Festival kapsamında bugün iki ayrı salonda toplam 13 film gösterildi. Gösterimler arasında Uluslararası yarışmadan gelen Nijerya–Avusturya ortak yapımı Dantel İlişkileri dikkat çekti. Bu yapım, Lagos’taki Dantel Kraliçesi’nin kızı ile Avusturyalı bir dantel ihracatçısının ortaklığı üzerinden sömürge mirasını ve küresel ticaretin derin izlerini inceliyor.

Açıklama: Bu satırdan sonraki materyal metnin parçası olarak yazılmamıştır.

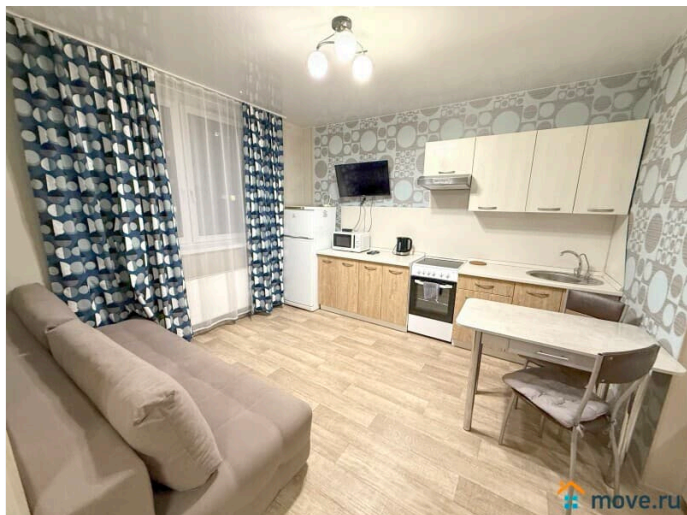

сдается несовершеннолетним, а так же ,
лицам моложе 25 лет, для проведения
мероприятий ? и лицам в состоянии
алкогольного ?опьянения. Наличие оригинала
паспорта или прав обязательно. Работаем с
организациями: нал -безнал. За оставленные
вами вещи, ответственность не несусь ??????

Film, 1980–2000 arasındaki dönemde Avrupa’nın zenginleşmesindeki koloniyal izleriyle Batı Afrika’daki üretim dinamiklerini çok katmanlı bir hafıza olarak sunuyor. Çekimler Avusturya ile Nijerya’da gerçekleşirken, eser sadece ırkçılık ve gelir eşitsizliği gibi temaları değil, cinsiyetler arası eşitsizlik ve göçmen karşıtlığı gibi güncel konuları da ele alıyor. Yönetmenlerden Katharina Weingartner, gösterim öncesinde yaptığı konuşmada, iki Nijeryalı ve iki Avusturyalı yönetmenin ortak çalışmasını vurguladı: “Feminist ve sömürge karşıtı bir film üretim süreci benimsiyoruz.”

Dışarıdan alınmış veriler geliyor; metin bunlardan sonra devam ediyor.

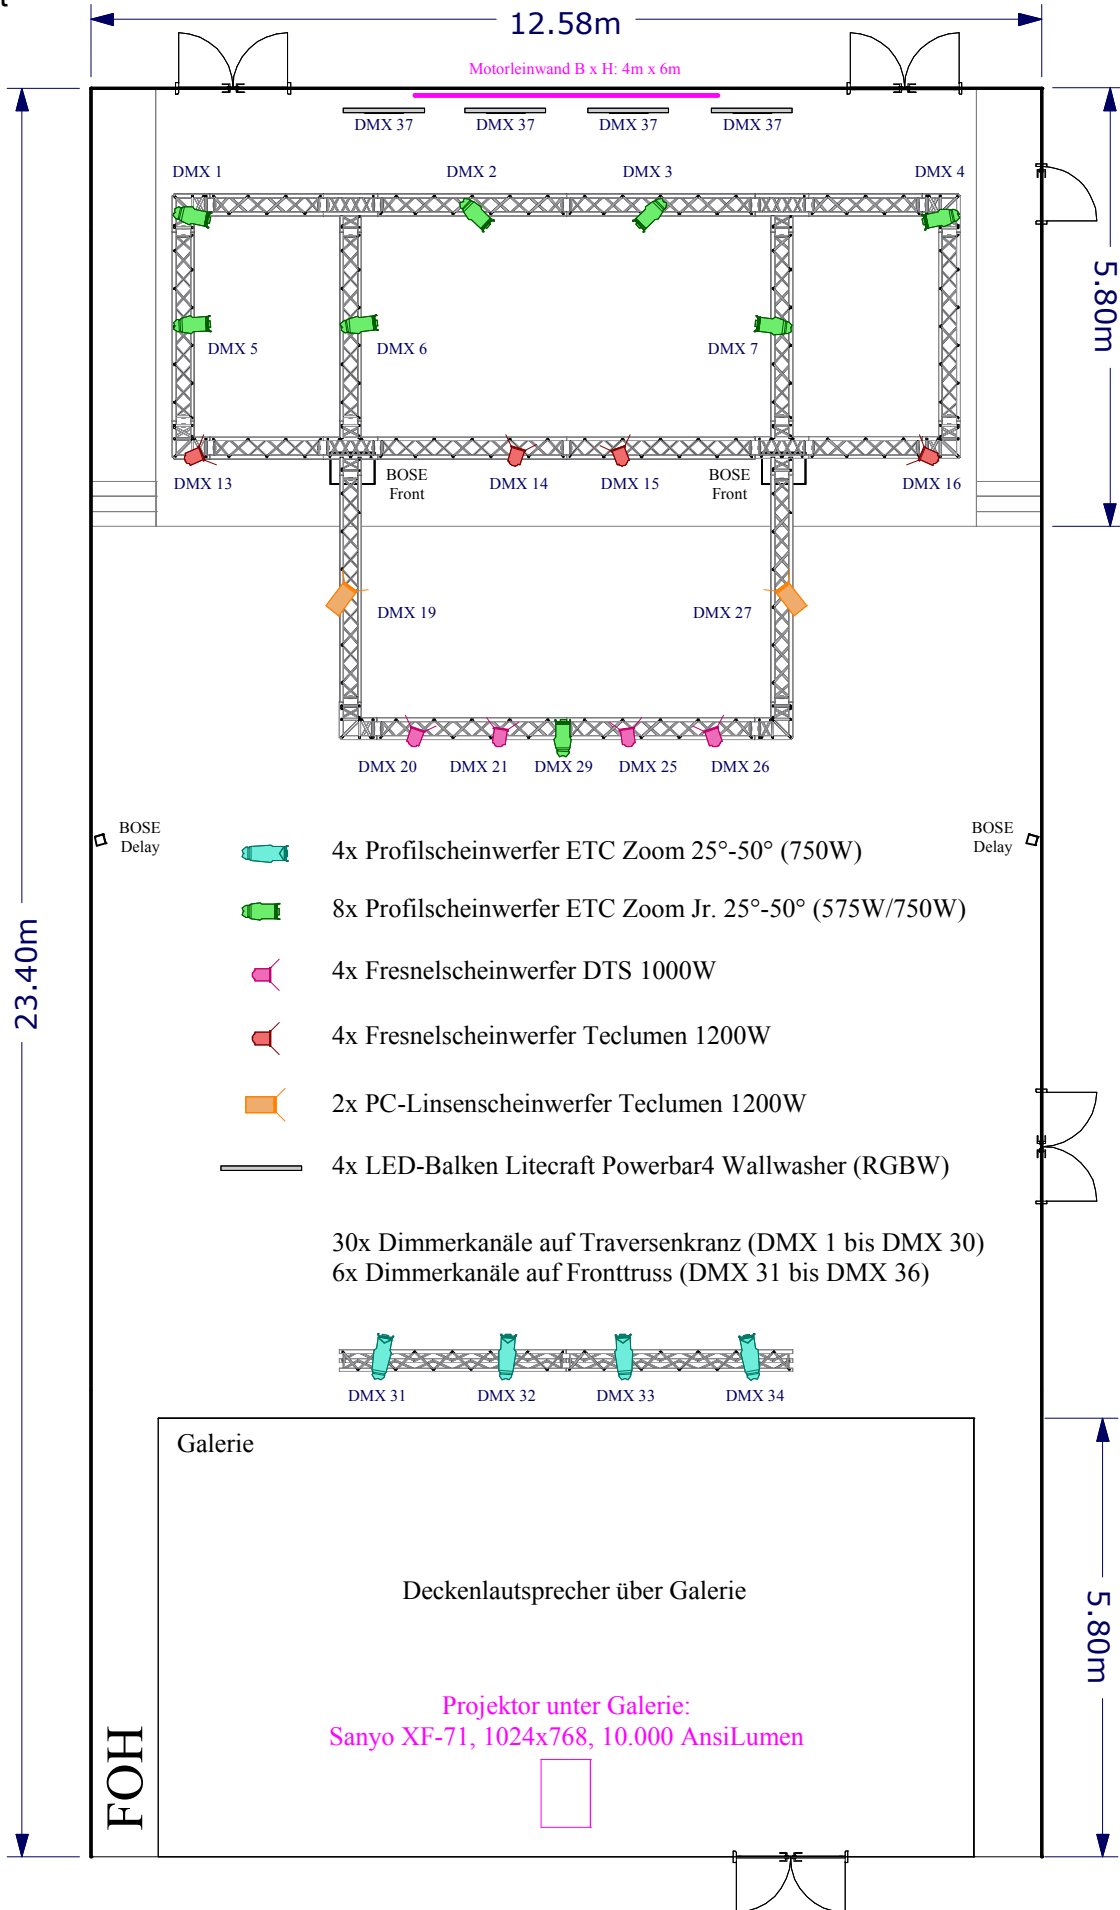

# Anschlüsse & Equipmentliste

Draufsicht

-  4x Profilscheinwerfer ETC Zoom 25°-50° (750W)
-  8x Profilscheinwerfer ETC Zoom Jr. 25°-50° (575W/750W)
-  4x Fresnelscheinwerfer DTS 1000W
-  4x Fresnelscheinwerfer Teclumen 1200W
-  2x PC-Linsenscheinwerfer Teclumen 1200W
-  4x LED-Balken Litecraft Powerbar4 Wallwasher (RGBW)
- 30x Dimmerkanäle auf Traversenkranz (DMX 1 bis DMX 30)
- 6x Dimmerkanäle auf Frontruss (DMX 31 bis DMX 36)

Bugünün programında ayrıca Uluslararası yarışmada yer almayan ama Lübnan’da Güney’deki çatışmalar nedeniyle REEF Festivali kapsamında izleyiciyle buluşmayan Red Zeno’nun Cehennem Ağacı adlı kısa-orta metrajlı filmi öne çıktı. Zeno, filmde Beyrut’taki evinin bahçesinde hızla büyüyen istilacı bir ağacın varlığını keşfederken, bölgedeki savaş ve ekolojik tahribat arasındaki bağı araştırıyor. Çalışma, istila, işgal ve biyolojik çeşitlilik konularını bir arada ele alarak Güney Lübnan’daki arkadaşının tanıklıklarıyla İsrail’in saldırılarında kullanılan beyaz fosforlu mühimmatların etkisini de gözler önüne seriyor.
Festival kapsamında bugün sergilenen kısa, orta ve uzun metrajlı filmler; savaş, hızlı büyüyen endüstriler, insan kaynaklı hatalı kararlar ve teknolojinin ekoloji üzerindeki etkileri üzerine odaklanıyor. Kuraklık endişesi, okyanus kirliliği, toprak verimliliğinin düşmesi ve karbon ayak izinin artması gibi küresel endişeler ile gezegenin uzun ömürlü geleceğini tehdit eden savaşlar, bu yılın ana temalarını pekiştiriyor.